AIM OF THE TASK:
If a line contains "Façade sur rue Lambert", it is the last one to write out; begin with the first line of the records and copy each exactly.

DATA FOR THE TASK:
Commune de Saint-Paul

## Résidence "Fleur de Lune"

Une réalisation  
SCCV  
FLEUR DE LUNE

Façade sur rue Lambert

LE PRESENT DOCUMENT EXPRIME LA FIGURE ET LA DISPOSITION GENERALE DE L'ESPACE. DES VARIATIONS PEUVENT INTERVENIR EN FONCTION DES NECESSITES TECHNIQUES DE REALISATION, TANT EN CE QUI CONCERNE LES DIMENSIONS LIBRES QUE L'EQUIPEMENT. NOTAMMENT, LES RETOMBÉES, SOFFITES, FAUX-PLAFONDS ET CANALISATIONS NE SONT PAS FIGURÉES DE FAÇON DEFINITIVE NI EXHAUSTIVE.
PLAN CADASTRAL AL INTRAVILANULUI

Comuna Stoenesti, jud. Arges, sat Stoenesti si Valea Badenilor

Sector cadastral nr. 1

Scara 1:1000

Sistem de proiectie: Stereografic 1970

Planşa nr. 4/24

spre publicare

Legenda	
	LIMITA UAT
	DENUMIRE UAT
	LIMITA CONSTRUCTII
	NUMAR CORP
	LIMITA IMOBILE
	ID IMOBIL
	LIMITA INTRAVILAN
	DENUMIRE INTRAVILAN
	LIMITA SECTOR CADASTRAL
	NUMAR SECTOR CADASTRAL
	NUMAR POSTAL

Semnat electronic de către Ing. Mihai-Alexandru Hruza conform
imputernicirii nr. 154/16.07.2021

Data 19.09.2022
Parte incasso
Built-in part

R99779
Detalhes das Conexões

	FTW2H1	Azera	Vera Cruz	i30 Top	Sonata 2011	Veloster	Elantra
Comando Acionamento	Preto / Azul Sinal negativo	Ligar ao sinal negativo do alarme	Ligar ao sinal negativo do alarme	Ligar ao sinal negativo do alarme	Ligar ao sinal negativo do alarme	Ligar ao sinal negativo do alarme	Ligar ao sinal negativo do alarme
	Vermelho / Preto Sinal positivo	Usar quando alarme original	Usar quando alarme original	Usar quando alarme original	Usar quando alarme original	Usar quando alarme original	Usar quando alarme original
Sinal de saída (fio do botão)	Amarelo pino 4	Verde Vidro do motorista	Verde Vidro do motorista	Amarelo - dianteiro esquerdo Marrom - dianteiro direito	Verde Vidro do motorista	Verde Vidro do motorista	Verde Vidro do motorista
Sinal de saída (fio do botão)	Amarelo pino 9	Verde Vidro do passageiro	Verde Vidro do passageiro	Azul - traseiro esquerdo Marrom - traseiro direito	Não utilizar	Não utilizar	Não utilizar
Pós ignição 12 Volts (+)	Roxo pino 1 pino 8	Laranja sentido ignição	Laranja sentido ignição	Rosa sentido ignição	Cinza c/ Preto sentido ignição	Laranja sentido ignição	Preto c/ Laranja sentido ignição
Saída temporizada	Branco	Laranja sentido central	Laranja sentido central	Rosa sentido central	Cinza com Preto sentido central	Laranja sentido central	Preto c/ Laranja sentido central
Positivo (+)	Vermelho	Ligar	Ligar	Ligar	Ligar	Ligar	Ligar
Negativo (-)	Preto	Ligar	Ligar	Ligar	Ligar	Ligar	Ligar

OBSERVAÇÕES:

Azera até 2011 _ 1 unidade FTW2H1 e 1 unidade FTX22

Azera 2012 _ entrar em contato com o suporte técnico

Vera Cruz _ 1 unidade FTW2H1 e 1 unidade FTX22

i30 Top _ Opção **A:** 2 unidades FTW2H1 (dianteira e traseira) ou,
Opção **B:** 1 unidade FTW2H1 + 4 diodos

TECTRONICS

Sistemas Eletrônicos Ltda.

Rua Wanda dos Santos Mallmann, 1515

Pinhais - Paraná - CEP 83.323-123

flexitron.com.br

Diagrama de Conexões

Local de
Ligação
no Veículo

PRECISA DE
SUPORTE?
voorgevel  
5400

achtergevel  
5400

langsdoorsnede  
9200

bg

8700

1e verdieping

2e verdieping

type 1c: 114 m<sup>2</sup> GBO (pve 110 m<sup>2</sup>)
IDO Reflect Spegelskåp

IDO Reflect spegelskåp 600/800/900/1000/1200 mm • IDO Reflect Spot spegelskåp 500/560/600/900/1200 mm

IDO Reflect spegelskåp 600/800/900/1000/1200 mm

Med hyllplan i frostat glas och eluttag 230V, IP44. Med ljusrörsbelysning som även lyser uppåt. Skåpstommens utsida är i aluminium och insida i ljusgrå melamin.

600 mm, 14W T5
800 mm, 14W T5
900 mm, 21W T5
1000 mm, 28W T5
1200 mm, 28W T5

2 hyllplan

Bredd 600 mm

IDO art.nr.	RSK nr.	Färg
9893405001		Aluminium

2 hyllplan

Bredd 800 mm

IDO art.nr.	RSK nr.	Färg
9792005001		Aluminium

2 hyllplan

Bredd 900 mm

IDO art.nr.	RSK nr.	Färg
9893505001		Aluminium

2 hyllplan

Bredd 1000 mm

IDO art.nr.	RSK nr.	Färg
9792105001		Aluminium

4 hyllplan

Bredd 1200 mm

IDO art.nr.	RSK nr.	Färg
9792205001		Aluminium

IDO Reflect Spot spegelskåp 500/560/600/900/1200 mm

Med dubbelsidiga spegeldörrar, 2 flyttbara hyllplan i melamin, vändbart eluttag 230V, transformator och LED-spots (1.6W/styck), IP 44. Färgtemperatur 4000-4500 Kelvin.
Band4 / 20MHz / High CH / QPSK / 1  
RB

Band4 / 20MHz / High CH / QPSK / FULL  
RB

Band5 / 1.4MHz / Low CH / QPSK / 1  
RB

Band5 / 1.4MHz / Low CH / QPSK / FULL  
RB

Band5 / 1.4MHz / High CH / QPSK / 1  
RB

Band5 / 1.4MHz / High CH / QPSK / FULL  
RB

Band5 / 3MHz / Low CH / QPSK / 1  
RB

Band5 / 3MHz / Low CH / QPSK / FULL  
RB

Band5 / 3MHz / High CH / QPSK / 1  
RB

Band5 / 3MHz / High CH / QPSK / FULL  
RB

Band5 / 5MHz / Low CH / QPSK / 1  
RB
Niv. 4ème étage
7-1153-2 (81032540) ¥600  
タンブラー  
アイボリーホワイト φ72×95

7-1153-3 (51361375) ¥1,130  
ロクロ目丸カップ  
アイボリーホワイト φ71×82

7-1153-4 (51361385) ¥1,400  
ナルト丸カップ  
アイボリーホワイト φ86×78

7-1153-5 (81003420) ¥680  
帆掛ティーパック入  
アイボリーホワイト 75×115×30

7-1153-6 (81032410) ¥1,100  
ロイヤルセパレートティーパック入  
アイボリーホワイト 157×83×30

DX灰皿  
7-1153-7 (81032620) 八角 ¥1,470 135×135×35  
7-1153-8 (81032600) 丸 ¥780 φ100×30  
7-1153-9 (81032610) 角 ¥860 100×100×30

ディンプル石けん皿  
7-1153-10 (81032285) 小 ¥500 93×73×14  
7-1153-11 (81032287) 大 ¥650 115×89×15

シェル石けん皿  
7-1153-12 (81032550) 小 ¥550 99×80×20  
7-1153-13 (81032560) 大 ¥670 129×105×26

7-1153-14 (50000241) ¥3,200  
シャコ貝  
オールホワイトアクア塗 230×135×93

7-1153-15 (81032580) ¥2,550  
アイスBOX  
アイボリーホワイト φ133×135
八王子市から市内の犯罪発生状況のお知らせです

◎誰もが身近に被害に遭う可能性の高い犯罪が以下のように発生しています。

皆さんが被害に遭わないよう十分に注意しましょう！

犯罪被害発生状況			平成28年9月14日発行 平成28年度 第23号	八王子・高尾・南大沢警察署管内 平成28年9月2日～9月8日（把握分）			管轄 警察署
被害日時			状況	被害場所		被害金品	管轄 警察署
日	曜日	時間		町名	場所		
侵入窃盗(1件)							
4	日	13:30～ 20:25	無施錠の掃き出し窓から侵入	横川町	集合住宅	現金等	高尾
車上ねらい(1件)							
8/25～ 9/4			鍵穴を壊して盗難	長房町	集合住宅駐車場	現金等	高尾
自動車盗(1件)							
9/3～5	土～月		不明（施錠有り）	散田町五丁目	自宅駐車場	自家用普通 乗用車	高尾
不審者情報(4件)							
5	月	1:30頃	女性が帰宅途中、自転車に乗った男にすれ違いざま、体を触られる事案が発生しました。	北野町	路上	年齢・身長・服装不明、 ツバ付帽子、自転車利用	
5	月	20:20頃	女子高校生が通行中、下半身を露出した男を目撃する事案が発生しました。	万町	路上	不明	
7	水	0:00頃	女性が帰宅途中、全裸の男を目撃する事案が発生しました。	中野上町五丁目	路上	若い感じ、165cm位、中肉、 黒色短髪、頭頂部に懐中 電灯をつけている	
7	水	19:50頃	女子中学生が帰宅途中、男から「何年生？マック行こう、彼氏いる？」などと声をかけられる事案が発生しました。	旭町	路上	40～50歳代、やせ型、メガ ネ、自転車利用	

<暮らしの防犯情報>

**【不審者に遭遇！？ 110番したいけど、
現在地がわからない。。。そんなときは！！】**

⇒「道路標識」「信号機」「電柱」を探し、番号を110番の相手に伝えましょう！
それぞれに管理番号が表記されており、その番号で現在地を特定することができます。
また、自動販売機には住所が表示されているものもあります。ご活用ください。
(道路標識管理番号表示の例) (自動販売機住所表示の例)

RESPONSE TO THE EXERCISE:
Commune de Saint-Paul

## Résidence "Fleur de Lune"

Une réalisation  
SCCV  
FLEUR DE LUNE

Façade sur rue Lambert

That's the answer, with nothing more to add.